### ABOUT THIS TASK:
Copy all lines below exactly as written. Leave pictures out.

Collected data entries:
——
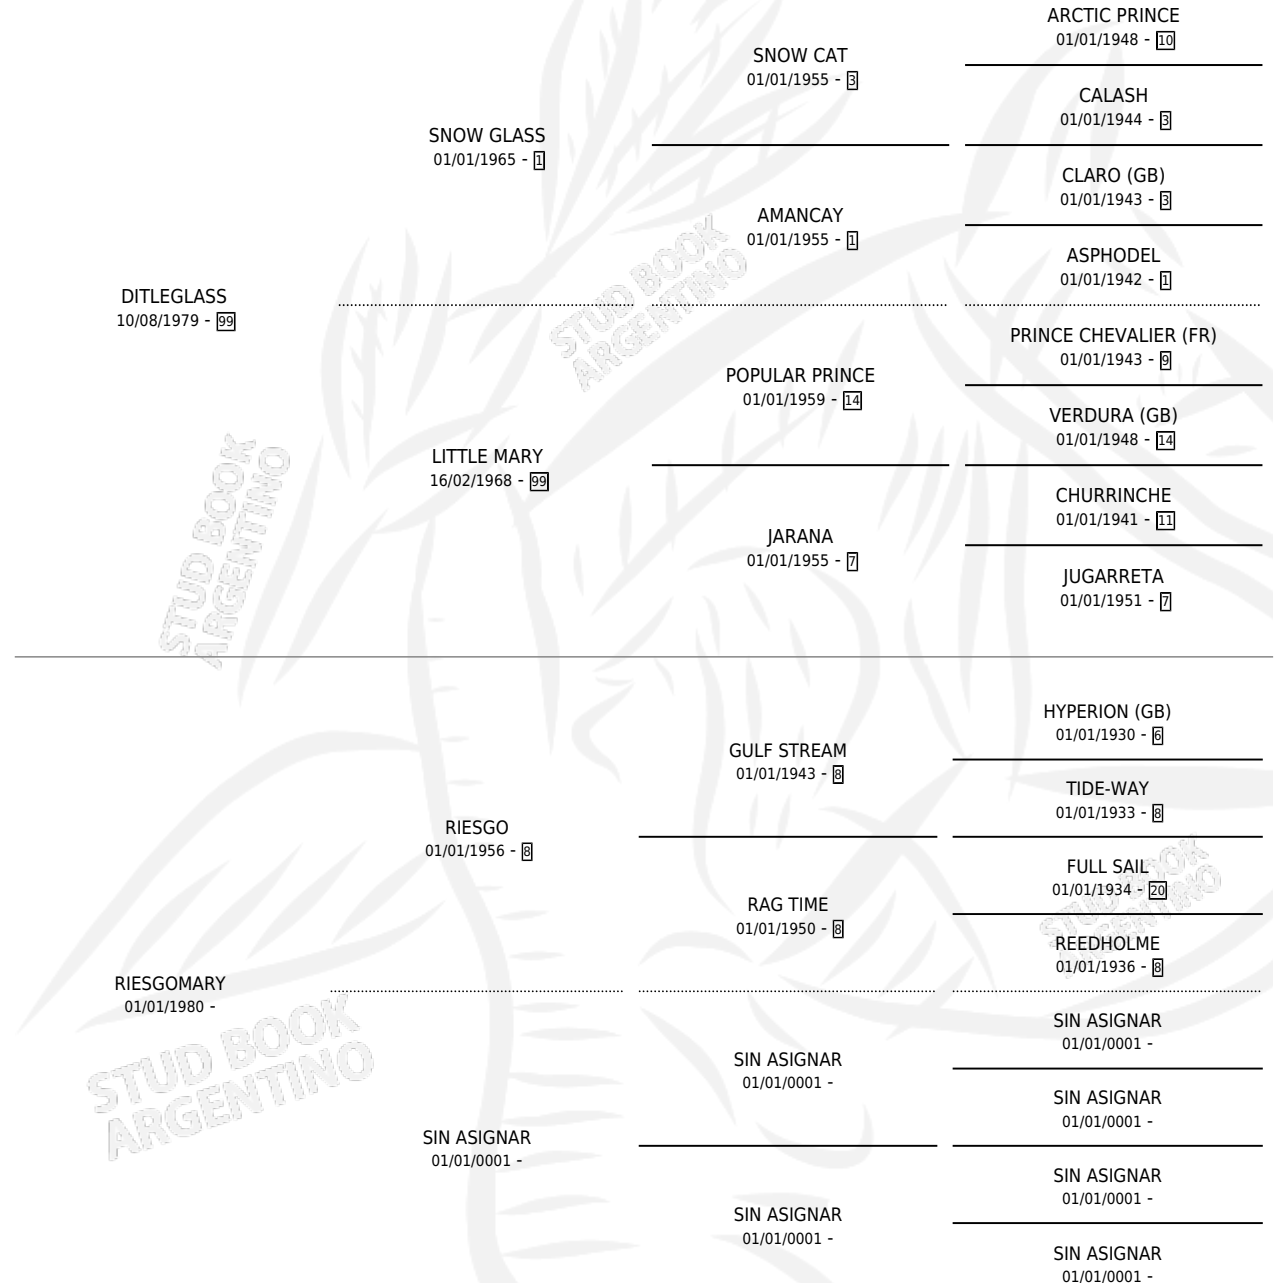

CORIMBA

por DITLEGLASS y RIESGOMARY por RIESGO

Argentina · Hembra · Alazan · SP · 11/09/1993
Familia · Volumen 35

ESTADO

TIPIFICACIÓN SANGUÍNEA	X
TIPIFICACIÓN POR ADN	X
PASAPORTE	X
IDENTIFICACIÓN POR MICROCHIP	X
REPRODUCTOR	X

Lugar de nacimiento: Don Ismael

Criador: Sin dato

PEDIGREE

CORIMBA

Datos oficiales del Stud Book Argentino

Documento generado el 06/05/2026

studbook.org.ar
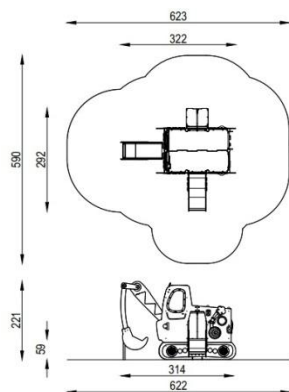

Báger WS - 116

TECHNICKÝ LIST

SPORT PLAY s.r.o., Laborecká 462/12, 040 11 Košice
IČO: 56 372 442 DIČ: 2122292007 IČ DPH: SK2122292007
obchod@sportplay.sk www.sportplay.sk +421 949 823 139

Pôdorys:

Popis:

Šmykľavková zostava pre deti plná kreatívnych doplnkov so špeciálnou nástupnou plošinou s lanom, naozajstným volantom a dostatočným priestorom na hranie v dizajne bágra.

Obsahuje:

2 ks. koncová lišta, 1 ks. vertikálna lezecká stena H=590 mm, 1 ks. lezecká stena s lanom H=590 mm, bezpečnostné zariadenie riadidla, 2 ks. senzorické priestory, 10 ks. stĺp, 1 ks. senzorická tabuľka geometrický labyrint, 1 ks. pozičné počítadlo obchodík, 1 ks. šmykľavka štandardná H=590 mm

Zaradenie:	Tematické zostavy
Určenie:	Detské ihrisko
Rozmery zariadenia:	3220 x 2920 x 2210 mm
Potrebná plocha:	6230 x 5900 mm
Kritická výška pádu:	590 mm
Veková kategória:	3+

Technický opis:

Oceľové rúry rôznych rozmerov, HDPE dosky, protišmyková preglejka, vystužené lano, nerezový plech, zinkový základný náter, práškové lakovanie, polyesterový lak
Spojovací materiál je z nehrdzavejúcej ocele. Všetky prvky konštrukcie sú bezúdržbové a navrhnuté ako ANTIvandal.
——
### SOLUTION TO THIS EXERCISE:
CORIMBA

por DITLEGLASS y RIESGOMARY por RIESGO

Argentina · Hembra · Alazan · SP · 11/09/1993
Familia · Volumen 35

ESTADO

TIPIFICACIÓN SANGUÍNEA	X
TIPIFICACIÓN POR ADN	X
PASAPORTE	X
IDENTIFICACIÓN POR MICROCHIP	X
REPRODUCTOR	X

Lugar de nacimiento: Don Ismael

Criador: Sin dato

PEDIGREE

CORIMBA

Datos oficiales del Stud Book Argentino

Documento generado el 06/05/2026

studbook.org.ar

Báger WS - 116

TECHNICKÝ LIST

SPORT PLAY s.r.o., Laborecká 462/12, 040 11 Košice
IČO: 56 372 442 DIČ: 2122292007 IČ DPH: SK2122292007
obchod@sportplay.sk www.sportplay.sk +421 949 823 139

Pôdorys:

Popis:

Šmykľavková zostava pre deti plná kreatívnych doplnkov so špeciálnou nástupnou plošinou s lanom, naozajstným volantom a dostatočným priestorom na hranie v dizajne bágra.

Obsahuje:

2 ks. koncová lišta, 1 ks. vertikálna lezecká stena H=590 mm, 1 ks. lezecká stena s lanom H=590 mm, bezpečnostné zariadenie riadidla, 2 ks. senzorické priestory, 10 ks. stĺp, 1 ks. senzorická tabuľka geometrický labyrint, 1 ks. pozičné počítadlo obchodík, 1 ks. šmykľavka štandardná H=590 mm

Zaradenie:	Tematické zostavy
Určenie:	Detské ihrisko
Rozmery zariadenia:	3220 x 2920 x 2210 mm
Potrebná plocha:	6230 x 5900 mm
Kritická výška pádu:	590 mm
Veková kategória:	3+

Technický opis:

Oceľové rúry rôznych rozmerov, HDPE dosky, protišmyková preglejka, vystužené lano, nerezový plech, zinkový základný náter, práškové lakovanie, polyesterový lak
Spojovací materiál je z nehrdzavejúcej ocele. Všetky prvky konštrukcie sú bezúdržbové a navrhnuté ako ANTIvandal.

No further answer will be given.